Valency is the number of bonds that an atom can form with other atoms. Hydrogen has a valency of one, since an atom of hydrogen forms a single bond when it participates in molecules. Nitrogen has a valency of three, so an atom of nitrogen combines with three atoms of hydrogen in ammonia molecules (NH3). The valency of an element is not necessarily equal to the number of atoms with which each atom of that element will bond. In a molecule of nitrogen (N2), for example, each atom bonds with only one other, yet the valency of nitrogen is still three because a triple bond joins the two atoms in the molecule, so each atom participates in three bonds.
The noble-gas configuration
The noble gases of group 18 (or VIIIa) of the periodic table are extremely reluctant to react, yet the elements immediately before and after them in order of increasing atomic number are the most reactive of all elements. This discovery gave chemists a clue to a driving force of chemical reactions.
Consider fluorine, neon, and sodium—a series of elements whose atomic numbers increase in steps of one unit. Compounds of neon are unknown: it has no chemical reactivity. Fluorine, which has one less electron per atom than neon, is extremely reactive. When it reacts, it often forms compounds in which it is present as a negative fluoride ion (F–)—its atoms acquire an electron from some other element of the compound. Sodium, too, is extremely reactive, but it forms positive ions (Na+) by losing one electron. The common factor for these three elements is that their most stable forms—F–, Ne, and Na+—are isoelectronic: they all have the same number of electrons. The same effect happens around the other noble gases, so electron counts of 2 (helium), 10 (neon), 18 (argon), 36 (krypton), 54 (xenon), and 86 (radon) are unusually stable.

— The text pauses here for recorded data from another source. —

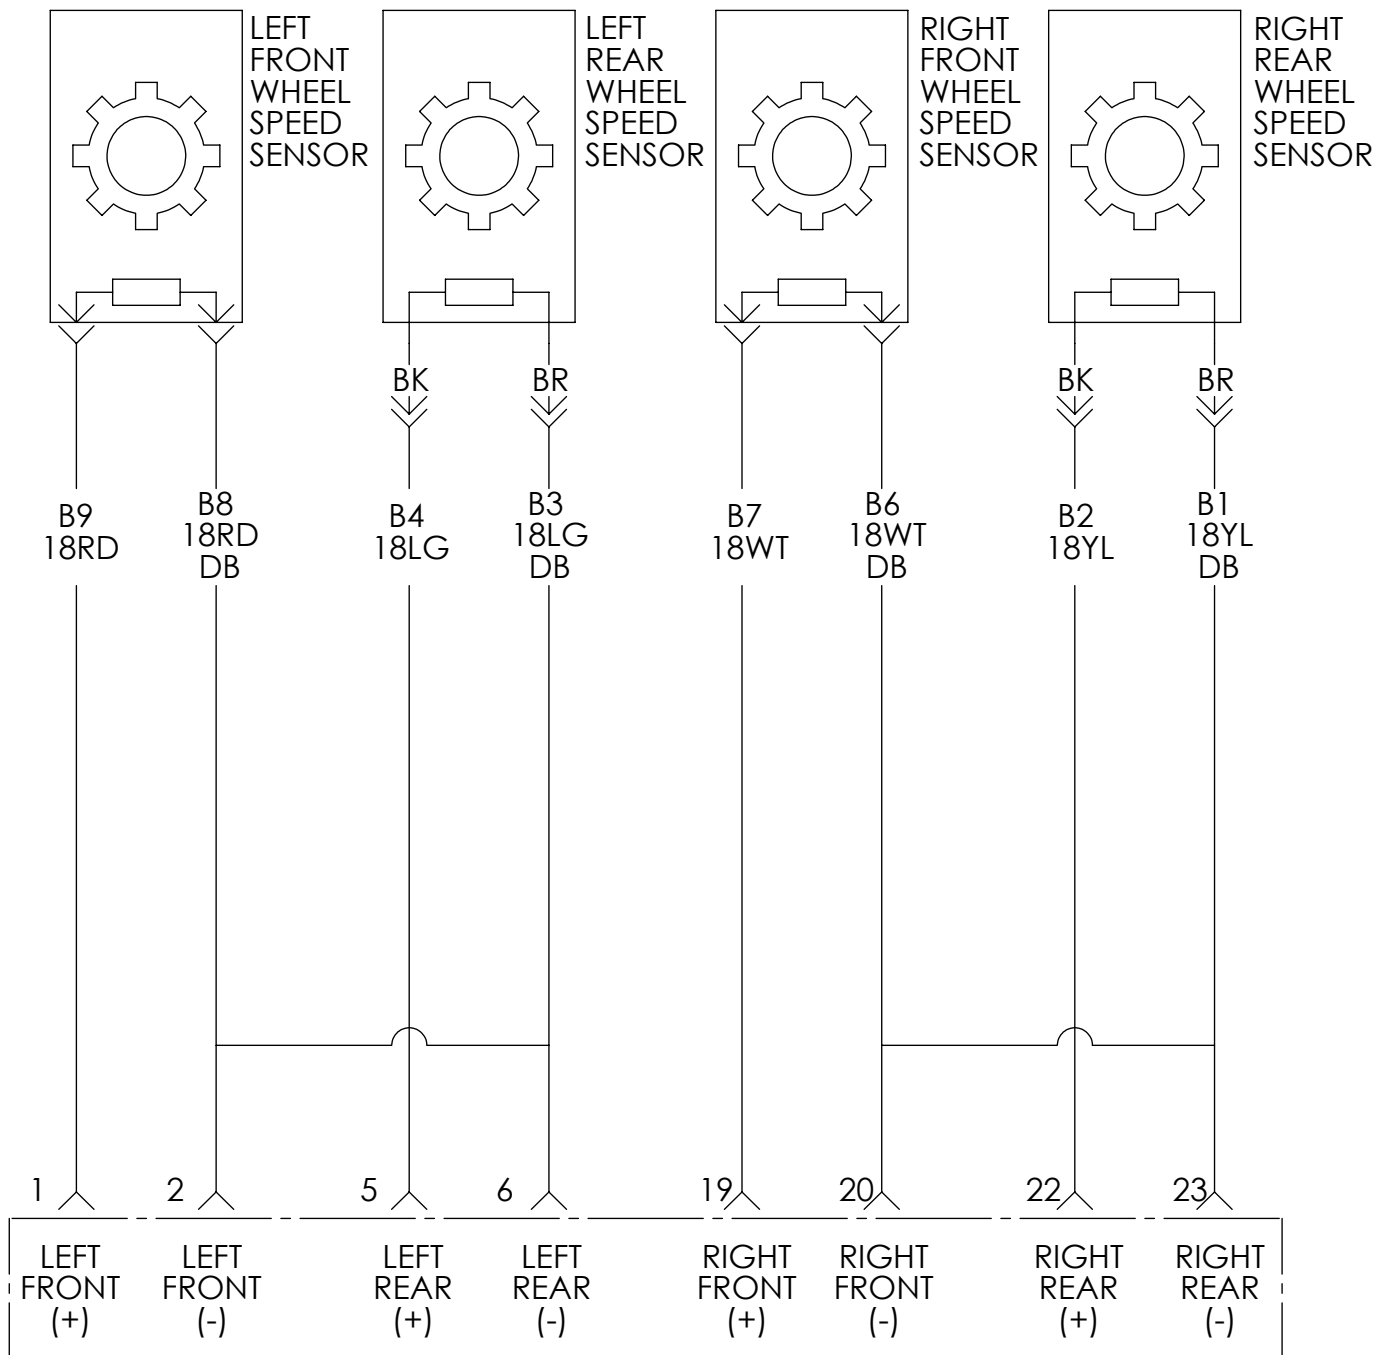

99-01 JEEP GRAND CHEROKEE WJ ABS WIRING

NOTES:

- SPlice LEFT REAR SIGNAL (6) LIGHT GREEN/ DARK BLUE WIRE TO LEFT FRONT SIGNAL (2) RED/DARK BLUE WIRE.
- SPlice RIGHT REAR SIGNAL (23) YELLOW/DARK BLUE WIRE TO RIGHT FRONT SIGNAL (20) WHITE/DARK BLUE WIRE.

ANTILOCK BRAKE CONTROLLER
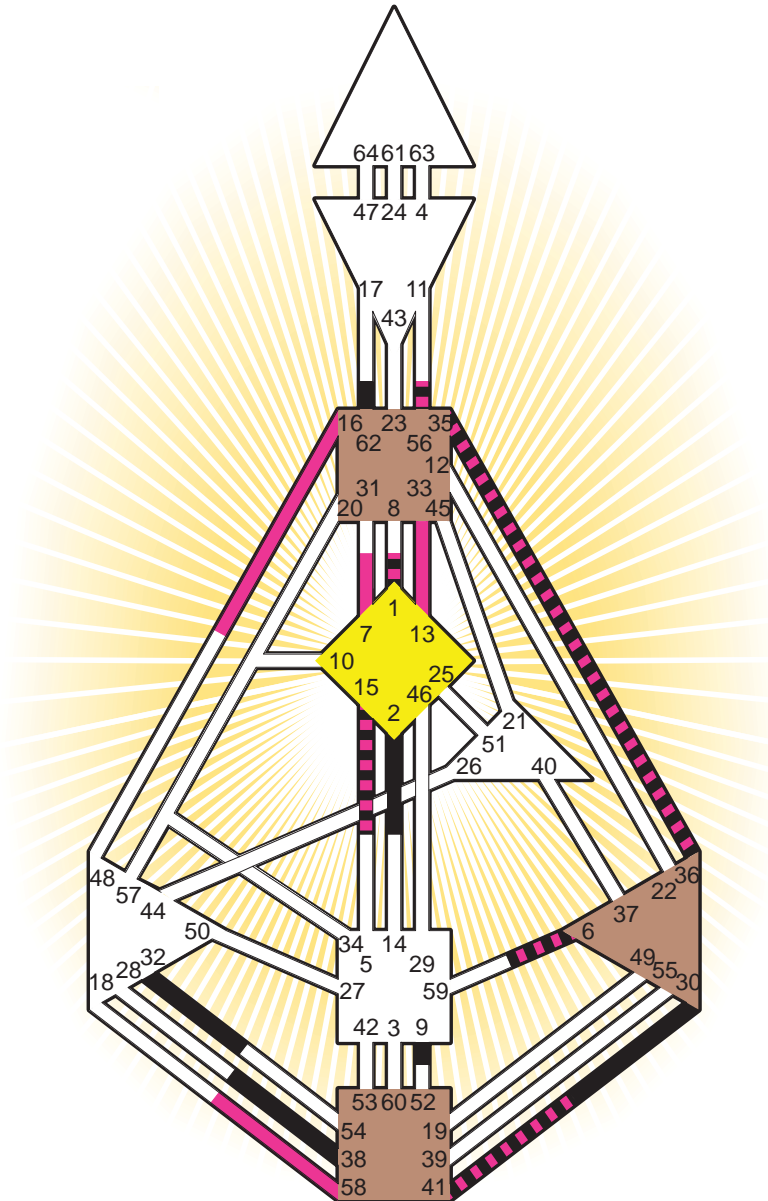

Definition Type

- No Definition
- Single Definition
- Split Definition
- Triple Split Definition
- Quadruple Split Definition

Mode

- To Wait
- To Do

Defined Centers

- Throat
- Head
- Ji
- Heart
- Sacral
- Root

Awareness

- Mental (Ajna)
- Intuitive (Spleen)
- Emotional (Solar Plexus)

	☉	⊕	☾	♋	♌	♍	♎	♏	♐	♑	♒	♓	
Personality	1.1	2.1	<u>30.5</u>	<u>36.1</u>	6.1	9.2	32.1	62.2	38.5	<u>35.6</u>	<u>41.2</u>	56.2	15.3
Design	7.4	<u>13.4</u>	1.5	<u>36.3</u>	6.3	<u>33.1</u>	15.6	16.2	58.6	<u>35.5</u>	<u>41.4</u>	56.1	15.3
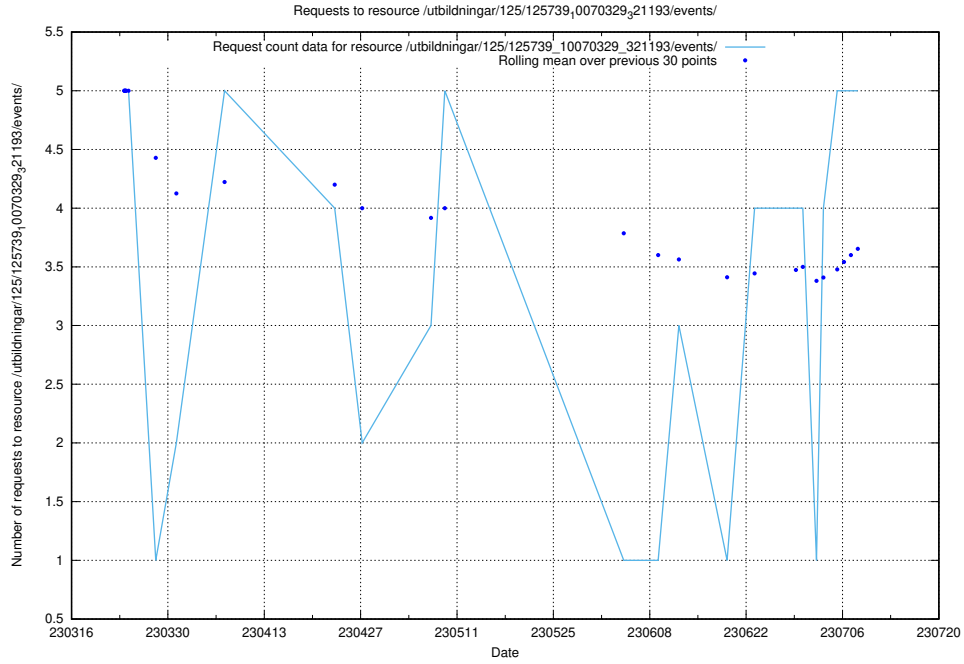

5.49 Usage of /utbildningar/125/125739_10070329_321193/events/

Here, we count the number of requests to resource /utbildningar/125/125739_10070329_321193/events/

The valencies of the elements are largely accounted for by the number of electrons that an atom of that element must gain, lose, or share to make up a noble-gas configuration; sodium (11 electrons) has a valency of one, for example.
Electron shells and shielding
Quantum mechanics helps explain why the noble-gas configuration is so stable. Electrons arrange themselves in shells around the nucleus of an atom. In these shells, each electron experiences both an electrostatic attraction from the positively charged protons in the nucleus and a repulsion from the negative charges of the other electrons around the nucleus.
Each noble-gas configuration represents the completion of an electron shell. The first shell can hold two electrons, the second shell eight, and so on. Addition of an electron to a noble-gas configuration starts a new shell, which lies farther from the nucleus than the completed shells. Electrons in the inner shells effectively shield the outer electron from the attractive force of the nucleus.
Where an atom has a near-complete noble-gas configuration, an additional electron fits into the almost-full outer shell. The repulsive effect of the electrons alongside it in the same shell is weak. Because of the weak shielding effect, the electron experiences a relatively strong attraction to the nucleus, even if there are more electrons than protons, as is the case in a negative ion or an anion.